Você nasceu no campo, em uma propriedade na 5ª geração da família e um pai formado na primeira turma de zootecnia. Entre a natureza, um ambiente de negócio com muitos desafios e o clima científico da atividade do pai, quais foram os principais fatores de impacto para você construir sua vida?
Realmente, sou privilegiada por ter nascido e crescido neste ambiente que, com certeza, foi responsável pelo que eu sou hoje: minha família, que é o meu bem maior, os valores que me foram ensinados, perseverança, força, fé, união e amor. Não importa se estamos perto ou longe, eles estão sempre comigo.

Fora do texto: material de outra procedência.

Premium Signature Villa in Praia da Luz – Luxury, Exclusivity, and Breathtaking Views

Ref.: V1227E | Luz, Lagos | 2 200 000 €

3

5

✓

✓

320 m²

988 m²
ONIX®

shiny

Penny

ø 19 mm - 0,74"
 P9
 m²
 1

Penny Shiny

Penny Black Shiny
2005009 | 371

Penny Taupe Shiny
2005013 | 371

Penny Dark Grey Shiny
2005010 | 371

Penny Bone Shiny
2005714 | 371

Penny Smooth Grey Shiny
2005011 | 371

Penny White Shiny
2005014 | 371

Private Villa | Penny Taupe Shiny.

Devido à propriedade ser distante da cidade, sempre passamos longos períodos lá, e por isso sempre compartilhamos momentos com toda a família reunida, meus avós, pais e irmãos, a vivência, os ensinamentos e tantas lembranças. E assim, o campo, a natureza e os animais, fazem parte da minha vida, das minhas memórias mais remotas, da infância na estância, que possuem um papel essencial, pela capacidade que eles têm de me renovar, recarregar e ensinar.

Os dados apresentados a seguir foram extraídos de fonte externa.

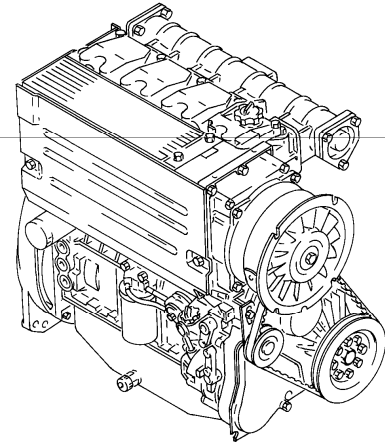

Date: 2013/11/5	Image id: 1003088	Catalogue: 20006	Model: L25B
Brand: Volvo	Serial: 1750001-1750499	Group/Section: 214/100	Title: Valve mechanism

Volvo Construction
Equipment
1003088

Pos	Part	Q1	Q2	Q3	Q4	Q5	PS	Kit	Description	Option(s)	Remark
1	ZM2290529	4							Valve support	rocker	
2	ZM2290526	8							•Rocker Arm		
3	ZM7094952	8							•Safety ring		18X1,2
4	ZM2290527	8							•Adjusting screw		
5	VOE11700373	8							•Nut		
6	VOE20459853	8							Screw

Ali eu aprendi e aprendo a ser resiliente, entender os ciclos, o olhar do melhorador, que busca a evolução a cada geração, ter humildade, respeitar as diferenças, as dificuldades e entender o meu papel, o que posso e o que não posso mudar, mas sempre lembrando que eu tenho a grande responsabilidade de honrar os que me antecederam e buscar evoluir, deixando o que recebi em melhores condições para os que virão.

Por isso a escolha da minha profissão, pois já tinha consciência que meu lugar é aqui. Trabalho, viajo muito, amo o que faço, mas nada se compara a sensação de voltar para casa, e para a estância, meu lugar no mundo.

Todos conhecemos a história do livro “Pai rico - Filho nobre - Neto pobre”. Como sua família conseguiu escapar dessa regra tradicional da sucessão? Como prepara seus filhos para construir o legado para as próximas etapas da 6ª e 7ª geração?
Realmente, esta é uma questão mais complexa, ainda mais quando se trata de várias gerações e diferentes crenças e visões.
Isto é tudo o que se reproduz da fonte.